If I may say so—I am not trying to be rude—the hon. Gentleman has stated the obvious. Every time bail is refused, one puts in custody a man who may eventually be found to be innocent. This is one of the features of the matter which we have to face when discussing it. Surely, the right thing to do is to leave it to the discretion of the magistrates. They will have to consider a wide range of cases. From their experience, and from their knowledge of the circumstances of the case before them, they will be able to judge pretty well whether it will be fair, just and necessary to keep a person on remand in custody awaiting trial or whether it will be right to grant bail. To fetter their discretion so that they cannot deal even with the worst type of case coming before them, for instance, the person recently released from a detention centre who has done something wrong again, would be most unfortunate.

No harm would be done if the Home Secretary left the matter open. On the other hand, there will be the occasional case in which harm will be done if he fetters the magistrates' discretion. This is why, even at this late stage, I urge him to think about the matter again.

5.15 p.m.

Mr. Weitzman

In my view, the Government are right in disagreeing with the Lords Amendment. Everyone agrees that it is proper to grant bail where a prisoner will turn up to stand his trial or where there is no likelihood or little likelihood of his committing another offence during his period of bail. Everyone will agree, also, that there has been considerable criticism of the way in which magistrates have hitherto exercised their discretion with regard to bail. Often, they have taken the word of the police without any proper examination of what the police have said and refused to grant bail. In my view, therefore, the discretion of the magistrates ought to be limited as much as possible on the question of granting bail.
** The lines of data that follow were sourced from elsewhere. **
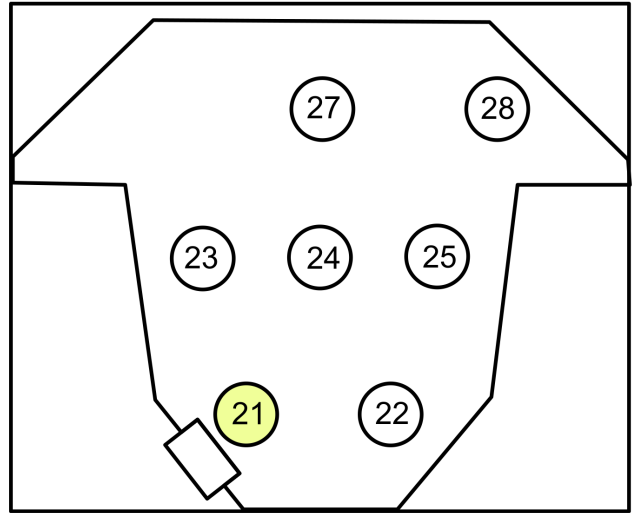

The 25th Annual Putnam County  
**SPELLING BEE Magic Sheet**

CSU University Theater  
Directed By: Noah Racey  
Lighting Design By: Jake Mosier  
Magic Sheet By: Henry Ledbetter

**1** of 3

Front Lustrs

SR Side Lustrs
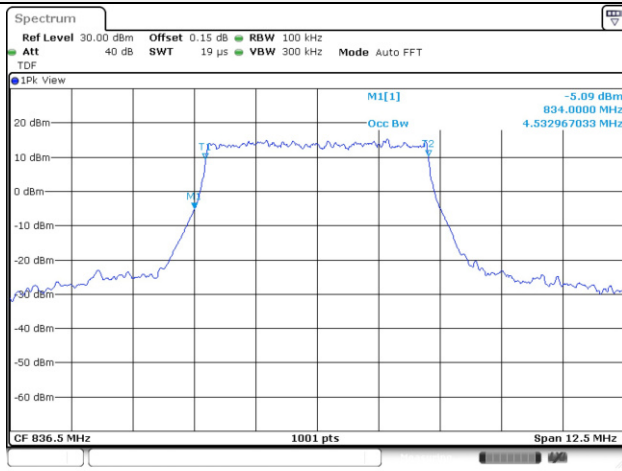

20M BW 16QAM Mid ch.

Test mode: LTE Band 71

20M BW QPSK Mid ch.

20M BW 16QAM Mid ch.

99% Occupied Bandwidth

Test mode: LTE Band 5

5M BW QPSK Mid ch.

5M BW 16QAM Mid ch.

10M BW QPSK Mid ch.

10M BW 16QAM Mid ch.

Test mode: LTE Band 7

15M BW QPSK Mid ch.

15M BW 16QAM Mid ch.

20M BW QPSK Mid ch.

20M BW 16QAM Mid ch.

Test mode: LTE Band 12
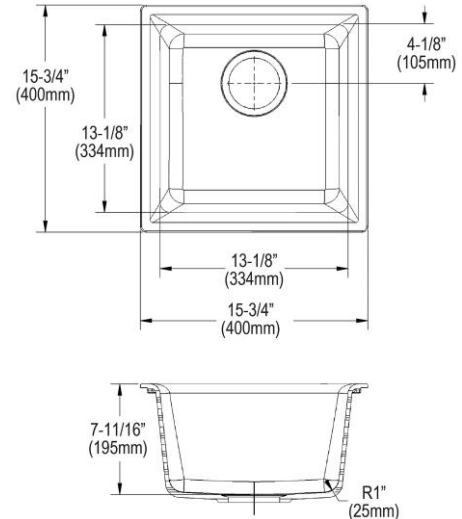

A Century of Tradition and Quality. For more than 100 years, Elkay has been making innovative products and providing exceptional customer care. We take pride in offering plumbing products that make life easier, inspire change and leave the world a better place.

Product Compliance: CSA B45.5/IAPMO Z124

Sinks are listed by IAPMO® as meeting the applicable requirements of the Uniform Plumbing Code®, International Plumbing Code®, and National Plumbing Code of Canada.

[Clean and Care Manual (PDF)](#)
[Installation Instructions (PDF) - 1000005238](#)
[Warranty (PDF)](#)
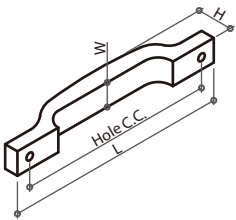

Item No.	Hole C.C.	L	W	H
314981	24mm	38mm	30.6mm	26mm
314983	45mm	63.6mm	30.6mm	26mm
314985	87mm	114mm	30.6mm	26mm

315483 D HANDLE

Material: zamak
Color: antique brass or antique pewter

Item No.	Hole C.C.	L	W	H
315483	96mm	110mm	14mm	28.5mm

315565 D HANDLE

Material: zamak
Color: antique pewter

Item No.	Hole C.C.	L	W	H
315565	128mm	145.5mm	13mm	35mm

31558 SERIES D HANDLE & DROP PENDANT HANDLE

Material: zamak
Color: antique brass

Item No.	Hole C.C.	L	W	H
315581	--	Ø13mm	53mm	16.5mm
315583	96mm	116mm	18.5mm	25mm

315605 D HANDLE

Material: zamak / ceramic
Color: antique brass / white

Item No.	Hole C.C.	L	W	H
315605	96mm	122mm	20mm	35mm

315657 D HANDLE

Material: zamak / ceramic
Color: antique pewter / white

Item No.	Hole C.C.	L	W	H
315657	128mm	146.5mm	20mm	27mm
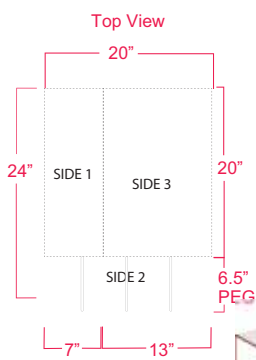

Side1

Pegged Cards:
5 card packs per peg
x 3 across = 15 card packs
x 3 rows = 45 card packs

Snow Globes:
Total 9
Per Shelf
x 2 Shelves =
18 Snow Globes

Side2

Ornaments
2 Pkg per peg =
Total 6 Pkg per row
x 5 rows =
30 Ornaments

Hon. and learned Members opposite have discussed the matter as though there were a duty to grant bail in all cases. But it is only in the three restricted sets of circumstances covered by subsections (1), (2) and (3) of the Clause that there is the duty to grant bail. There are then the limitations laid down in subsection (5). I was myself about to intervene when my hon. and learned Friend the Under-Secretary of State rose to direct the attention of the right hon. and learned Member for Huntingdonshire (Sir D. Renton) to the provisions of subsection (5,a). Substantial limitations are provided under subsection (5), so that the magistrates in those cases have a perfect right not to grant bail.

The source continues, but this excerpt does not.